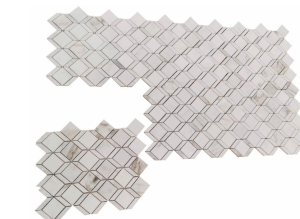

Model No.: WPM022

Surface: Polished

Marble Name: Calacatta Gold Marble

Product Application

White marble mosaic tile is commonly applied in the interior decorations of the home improvement.

Calacatta Gold marble mosaic tile has gold and gray veins on the surface, and Ariston White marble mosaic tile has thin light grey veins on the surface. Both of them are suitable for interior wall cladding, such as kitchen wall and backsplash, bathroom wall and backsplash, and vanity backsplash wall mosaic applications.
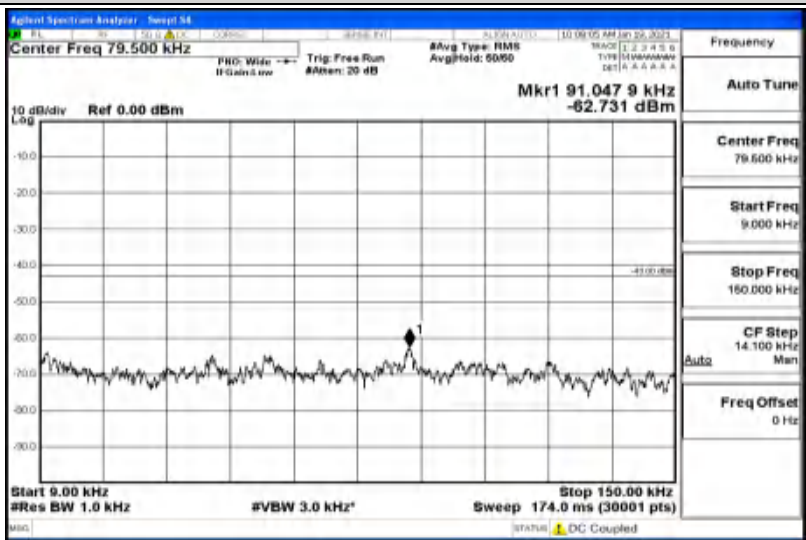

Band25-10MHz-QPSK-26640-1RB#0-Range1:0.009~0.15MHz
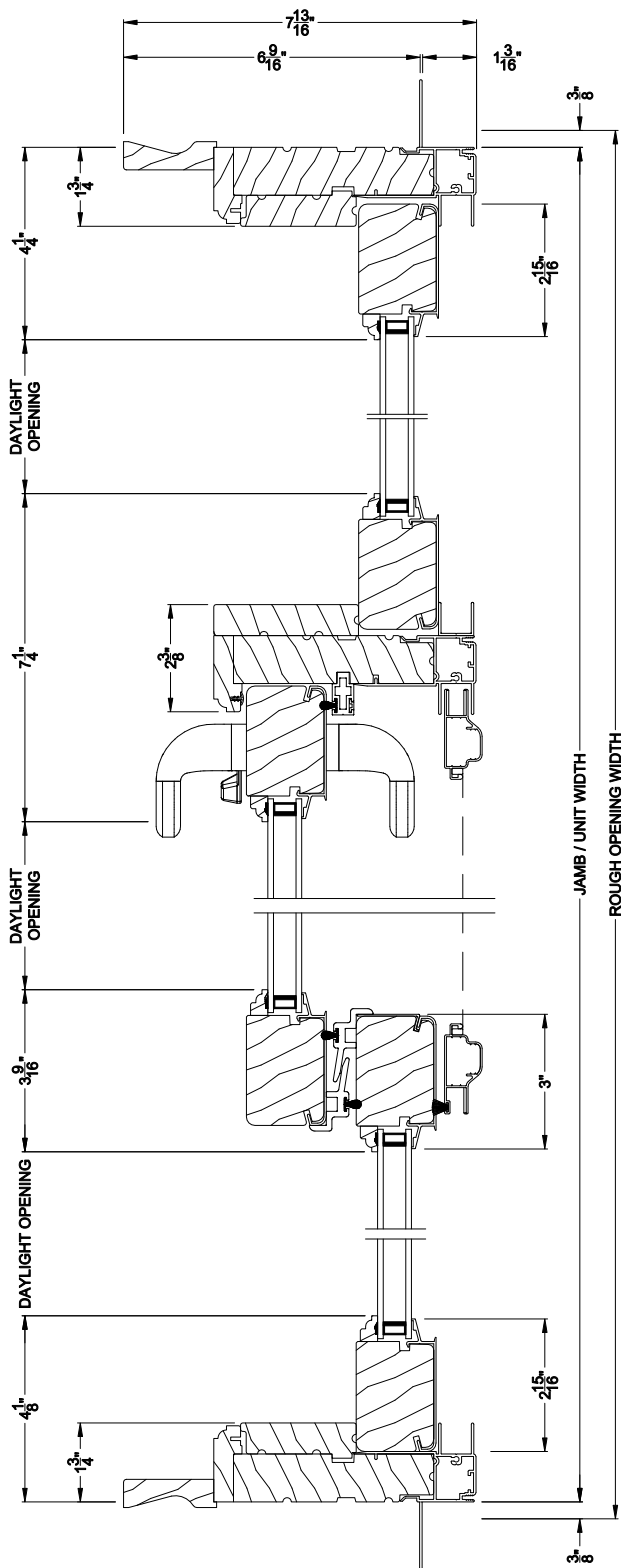

Weather Shield®

Signature Series™

Sliding Patio Doors

CROSS SECTION DETAILS

SIGNATURE SLIDING PATIO DOOR (8714)
Horizontal Section - 3 Panel Door - 6-9/16" jamb
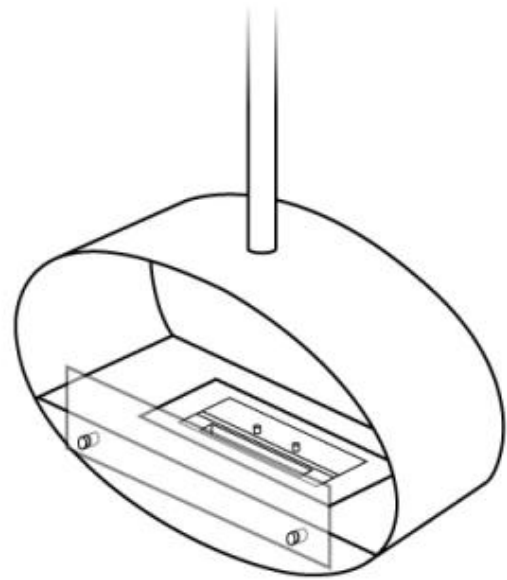

HALIFAX BLACK - 60 CM

BIO-40-105

Oval suspended bioethanol fireplace with a width of 60 cm. Ceiling rod of 1 meter with possibility to buy extra length. Burn time up to 6 hours per filling of fuel.

TECHNICAL SPECIFICATIONS

Appearance

Colour	Black
Glas included	Yes
Materials	Steel

Burner

Adjustable	Yes
Burn time	6 hours
Capacity	1.5 Litres
Control	Manual
Flame length	24 cm
Flue/chimney	Not required
Fuel	Bioethanol
Heat output (max)	2,2 kW
Minimum room size	45 m ³
Remote control	No
Requires electricity	No
Usage	0.25 L/h

Size

Depth	30 cm
Height	140 cm
Length/Width	60 cm

Type

Brand	ScandiFlames
Producttype	Ceiling-mounted bioethanol Fireplace
Use	Indoor
Warranty	2 years

CACHFIRES

CACHFIRES
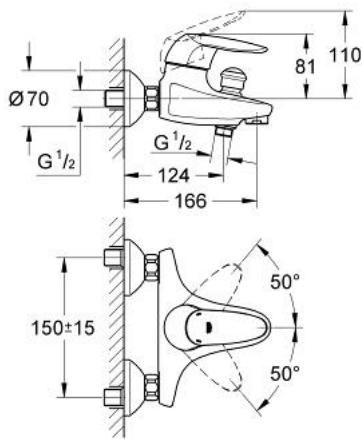

33 391 000 EURODISC SINGLE-LEVER BATH MIXER 1/2"

PRODUCT DESCRIPTION

- Colour: chrome
- wall mounted
- GROHE SilkMove 46 mm ceramic cartridge
- adjustable flow rate limiter
- adjustable minimum flow rate approx. 2.5 l/min
- automatic diverter: bath/shower
- mousseur
- integrated non-return valves in the shower outlet 1/2"
- S-unions
- without shower set
- optional temperature limiter ref. no. 46 308
- GROHE LongLife finish

33 391 000 EURODISC SINGLE-LEVER BATH MIXER 1/2"

SPARE PARTS, 10月 2003 – now

- 1: Lever (Spare part-nr. 46439000)
- 1.1: Fixing set (Spare part-nr. 46335000)
- 2: Cap (Spare part-nr. 46449000)
- 2.1: O-ring $\varnothing 43 \times \varnothing 2$ (Spare part-nr. 0531800M)
- 3: Cartridge (Spare part-nr. 46048000)
- 4: Screw connection 1/2" (Spare part-nr. 45044000)
- 4.1: Seal $\varnothing 15 \times \varnothing 2$ (Spare part-nr. 0311900M)
- 5: S-union (Spare part-nr. 12096000)
- 5.1: Seal (Spare part-nr. 0138600M)
- 5.2: Escutcheon (Spare part-nr. 09311000)
- 6: Diverter knob (Spare part-nr. 46016000)
- 7: Diverter (Spare part-nr. 08915000)
- 8: Non-return valve (Spare part-nr. 08565000)
- 9: Mousseur (Spare part-nr. 13927000)
- 9.1: Replacement flow control M28x1 (Spare part-nr. 45029000)
- 10: Extension 3/4", 20 mm (Spare part-nr. 0713000M)*
- 11: Temperature limiter (Spare part-nr. 46308000)*
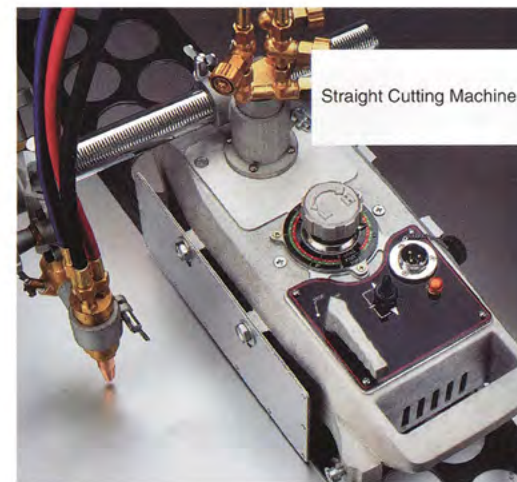

J-1003
CUTTING MACHINE
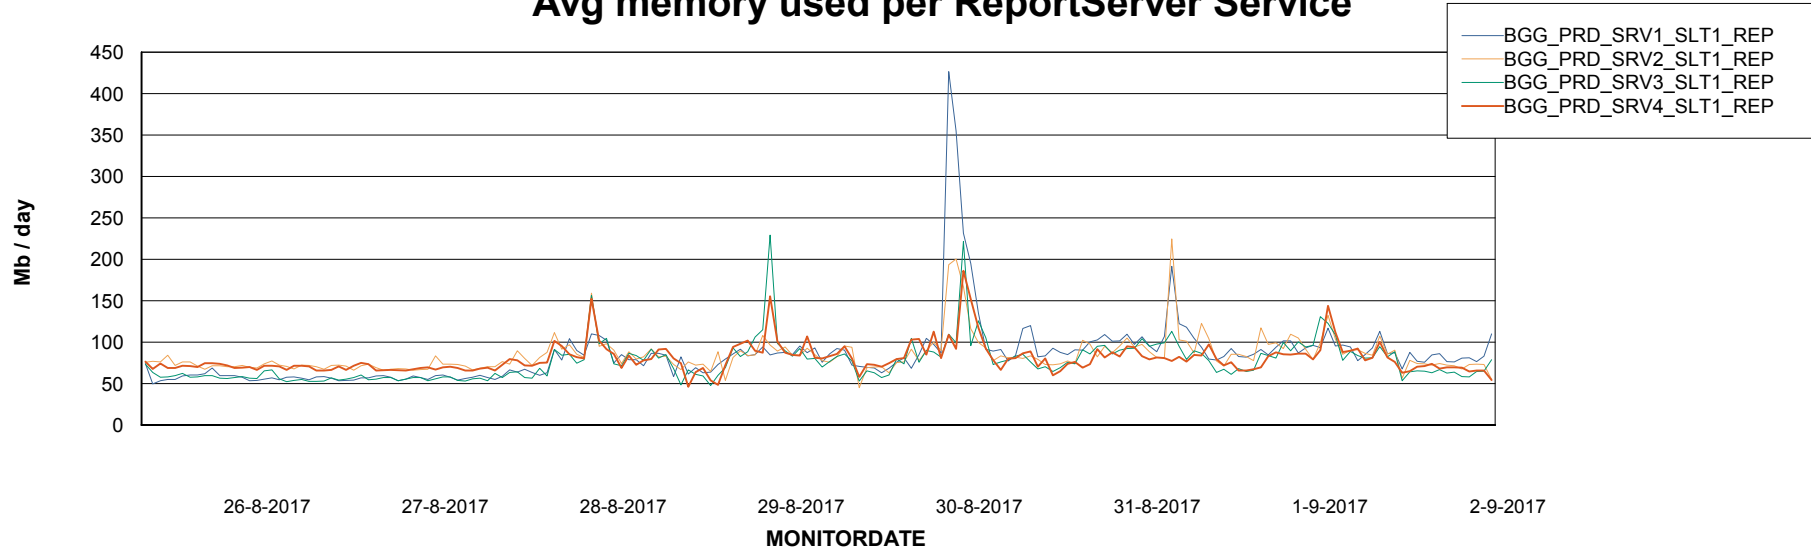

ABSSolute Application ReportServer Services

Avg memory used per ReportServer Service
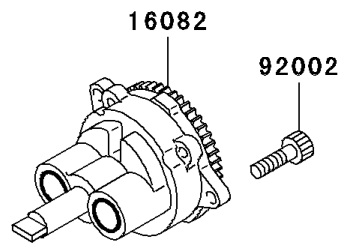

2001 Ninja[®] 250R

PARTS DIAGRAM

Oil Pump/Oil Filter

E1710

2001 Ninja[®] 250R

PARTS LIST

Oil Pump/Oil Filter

ITEM NAME

PART NUMBER

QUANTITY
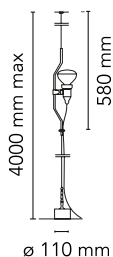

Parentesi dimmer

■ F5600009 - White

Designed by Achille Castiglioni and Pio Manzù

Lamp providing direct light. Lamp moves vertically via sliding of a painted or nickel-plated shaped steel tube on a ceiling-to-floor steel cable (4000 mm long). Fixture head made of injection-molded black elastomer. On the cable there is the electronic dimmer which allows the regulation of light brightness.

Lamp providing direct light. Lamp moves vertically via sliding of a painted or nickel-plated shaped steel tube on a ceiling-to-floor steel cable (4000 mm long). Fixture head made of injection-molded black elastomer. On the cable there is the electronic dimmer which allows the regulation of light brightness.

Physical

Colour	Black
Net weight (kg)	3.57
Gross weight (kg)	7.87
IP	20
IP external	20

Parentesi dimmer

Parentesi dimmer Element
F5700030

Parentesi dimmer

■ F5600009 - White

Designed by Achille Castiglioni and Pio Manzù
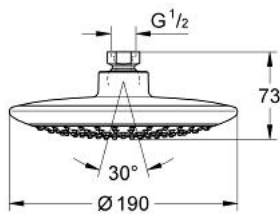

### PRODUCT DESCRIPTION

- Colour: chrome
- spray pattern: Rain
- Ball joint +/- 15° rotatable
- connection thread 1/2"
- 9.5 l/min flow limiter
- GROHE DreamSpray - perfect spray pattern
- GROHE LongLife finish
- GROHE SpeedClean - effortless limescale removal
- Inner WaterGuide - inner insulation for surface protection
- suitable for instantaneous heater
- minimum pressure 1,0 bar

## 27 370 000 RAINSHOWER SOLO 190 HEAD SHOWER 1 SPRAY

**SPARE PARTS**, October 2009 – now

1: Fibre seal dia. 12x2 mm (Spare part-nr. 0138900M)

2: Dirt strainer (Spare part-nr. 0676800M)
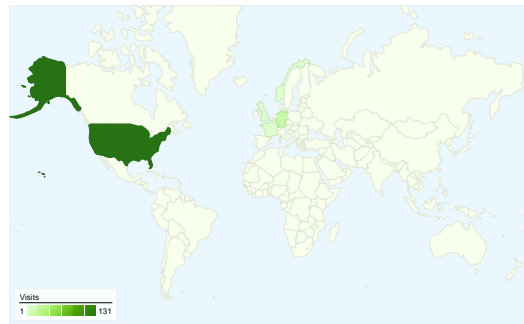

Dashboard

Comparing to: Site

Site Usage

166 Visits

50.60% Bounce Rate

958 Pageviews

00:07:28 Avg. Time on Site

5.77 Pages/Visit

53.01% % New Visits

Visitors Overview

Visitors
88

Map Overlay world

Traffic Sources Overview

- **Direct Traffic**
125.00 (75.30%)
- **Search Engines**
21.00 (12.65%)
- **Referring Sites**
20.00 (12.05%)

Content Overview

Traffic Sources Overview

Comparing to: Site

All traffic sources sent a total of 166 visits

-  **75.30%** Direct Traffic
-  **12.05%** Referring Sites
-  **12.65%** Search Engines

Top Traffic Sources

Sources	Visits	% visits	Keywords	Visits	% visits
(direct) ((none))	125	75.30%	vennekretsen	8	38.10%
google (organic)	21	12.65%	sons of norway atlanta	4	19.05%
cyndislist.com (referral)	6	3.61%	vennekretsen lodge atlanta	4	19.05%
webmail.aol.com (referral)	3	1.81%	herring salad	1	4.76%
co106w.col106.mail.live.com	2	1.20%	recipe, sildsalat	1	4.76%

Map Overlay

Comparing to: Site

166 visits came from 10 countries/territories

Site Usage

Visits	Pages/Visit	Avg. Time on Site	% New Visits	Bounce Rate	
166 % of Site Total: 100.00%	5.77 Site Avg: 5.77 (0.00%)	00:07:28 Site Avg: 00:07:28 (0.00%)	53.01% Site Avg: 53.01% (0.00%)	50.60% Site Avg: 50.60% (0.00%)	
Country/Territory	Visits	Pages/Visit	Avg. Time on Site	% New Visits	Bounce Rate
United States	131	6.96	00:09:21	41.22%	40.46%
Germany	19	1.00	00:00:00	100.00%	100.00%
France	5	1.00	00:00:00	100.00%	100.00%
Norway	3	2.67	00:02:48	66.67%	33.33%
United Kingdom	3	1.00	00:00:00	100.00%	100.00%
Argentina	1	5.00	00:02:33	100.00%	0.00%
Italy	1	1.00	00:00:00	100.00%	100.00%
China	1	3.00	00:03:37	100.00%	0.00%
Canada	1	1.00	00:00:00	100.00%	100.00%
Sweden	1	1.00	00:00:00	100.00%	100.00%
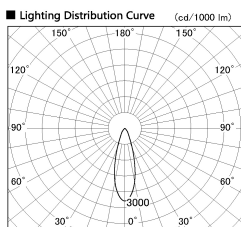

Item no. SD381-2530B9040

Series Name: Versa R-G (UL Track)
(SD381)

Installation	Track mount
Type	High-efficiency tracklight
Fixture wattage	23W
Beam angle	30deg
Color Temp.	4000K
CRI	Ra>90
Luminous	2546 lm
Body	Die-castaluminumalloy
Body finish	Black
Trim finish	Black
Reflector finish	N/A
IP Rate	IP20
Light source	COB module
Input Voltage	AC220~240V
Dimming Type	Non-Dimmable
Certificate	CE,CCC
Cut Hole	N/A
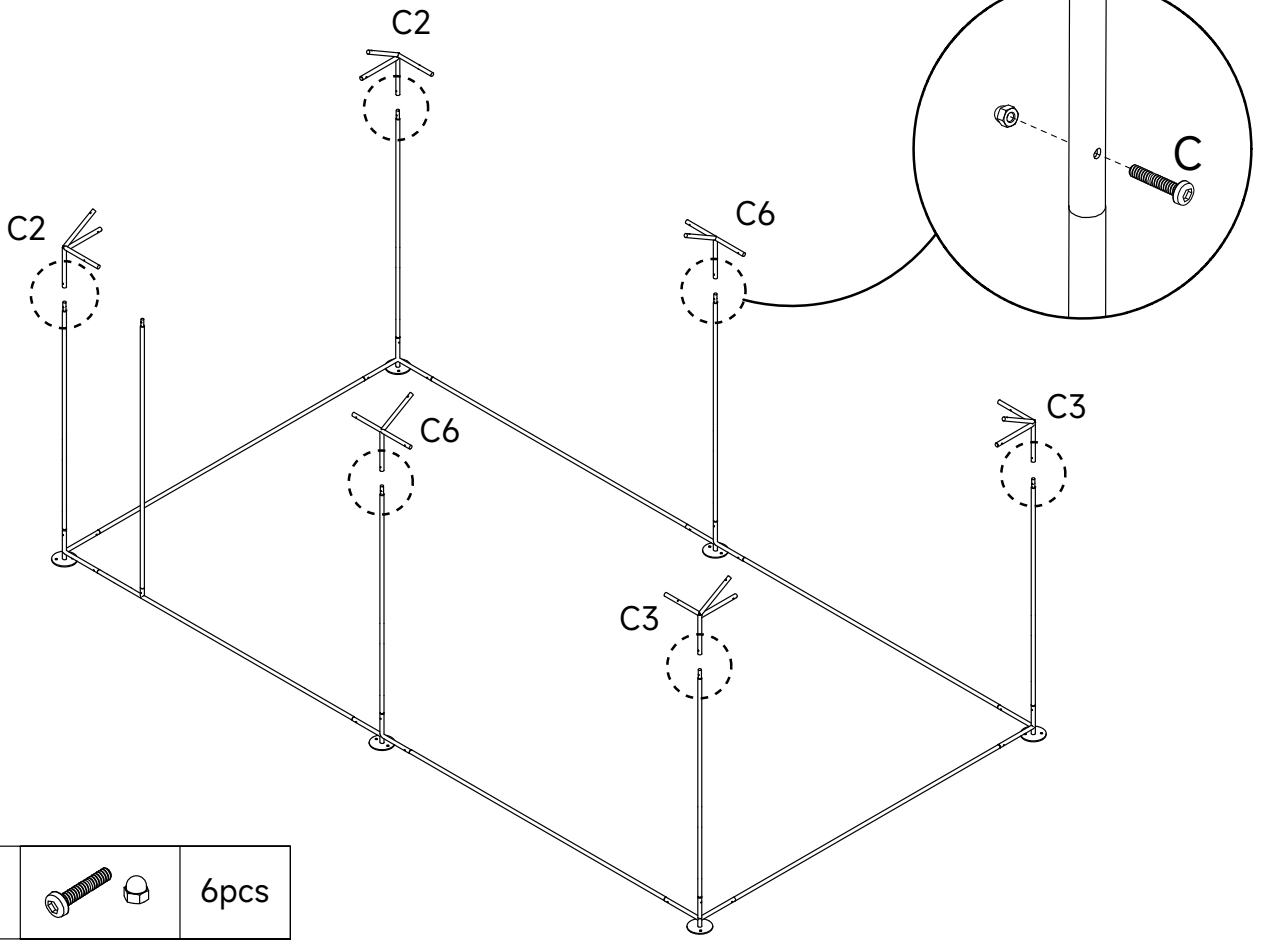

# Part List

	Part Image	Length	Number
T1		157cm	7 pcs
T2		184cm	12 pcs
T3		184cm	2 pcs
T4		50cm	8 pcs
T5			1 pcs
T6		94cm	6 pcs
T7		51cm	2 pcs
T8		143cm	2 pcs
C1			4 pcs
C2			2 pcs
C3			2 pcs

# Part List

		Part Image	Number
C4			2 pcs
C5			2 pcs
C6			2 pcs
C7			1 pcs
C8			16 pcs
C9			4 pcs
A	Door Hinge		2 pcs
B	Door Lock		2 pcs
C	Screws&nuts		72 pcs
D	Self-Taping Screw and Hex Bit Head		16 pcs Self-Taping Screw and 1 pc Hex Bit Head
E	Nails		6 pcs
F	Mesh		2 pcs
G	Raincover		1 pcs
H	Ball Rope		18 pcs
I	Wrench		1 pc of each
J	Metal tie		1 package

01

C		12pcs
---	--	-------

02

C		7pcs
---	---	------

03

C		6pcs
---	--	------

04

C		9pcs
---	---	------

05

C		12pcs
---	--	-------

06

C		4pcs
---	---	------

07

C		4pcs
---	--	------

08

C9 accessories  
come with screw  
and nut

= = = = = = =

### Task directions
Only one stretch of the listing above is to be duplicated: the lines from the one containing "- 2.1: O-ring" through the one containing "- Inner WaterGuide", both included. Copy them exactly, minus the pictures.

### Written response
- 2.1: O-ring $\varnothing 43 \times \varnothing 2$ (Spare part-nr. 0531800M)
- 3: Cartridge (Spare part-nr. 46048000)
- 4: Screw connection 1/2" (Spare part-nr. 45044000)
- 4.1: Seal $\varnothing 15 \times \varnothing 2$ (Spare part-nr. 0311900M)
- 5: S-union (Spare part-nr. 12096000)
- 5.1: Seal (Spare part-nr. 0138600M)
- 5.2: Escutcheon (Spare part-nr. 09311000)
- 6: Diverter knob (Spare part-nr. 46016000)
- 7: Diverter (Spare part-nr. 08915000)
- 8: Non-return valve (Spare part-nr. 08565000)
- 9: Mousseur (Spare part-nr. 13927000)
- 9.1: Replacement flow control M28x1 (Spare part-nr. 45029000)
- 10: Extension 3/4", 20 mm (Spare part-nr. 0713000M)*
- 11: Temperature limiter (Spare part-nr. 46308000)*

J-1003
CUTTING MACHINE

ABSSolute Application ReportServer Services

Avg memory used per ReportServer Service

2001 Ninja[®] 250R

PARTS DIAGRAM

Oil Pump/Oil Filter

E1710

2001 Ninja[®] 250R

PARTS LIST

Oil Pump/Oil Filter

ITEM NAME

PART NUMBER

QUANTITY

Parentesi dimmer

■ F5600009 - White

Designed by Achille Castiglioni and Pio Manzù

Lamp providing direct light. Lamp moves vertically via sliding of a painted or nickel-plated shaped steel tube on a ceiling-to-floor steel cable (4000 mm long). Fixture head made of injection-molded black elastomer. On the cable there is the electronic dimmer which allows the regulation of light brightness.

Lamp providing direct light. Lamp moves vertically via sliding of a painted or nickel-plated shaped steel tube on a ceiling-to-floor steel cable (4000 mm long). Fixture head made of injection-molded black elastomer. On the cable there is the electronic dimmer which allows the regulation of light brightness.

Physical

Colour	Black
Net weight (kg)	3.57
Gross weight (kg)	7.87
IP	20
IP external	20

Parentesi dimmer

Parentesi dimmer Element
F5700030

Parentesi dimmer

■ F5600009 - White

Designed by Achille Castiglioni and Pio Manzù

### PRODUCT DESCRIPTION

- Colour: chrome
- spray pattern: Rain
- Ball joint +/- 15° rotatable
- connection thread 1/2"
- 9.5 l/min flow limiter
- GROHE DreamSpray - perfect spray pattern
- GROHE LongLife finish
- GROHE SpeedClean - effortless limescale removal
- Inner WaterGuide - inner insulation for surface protection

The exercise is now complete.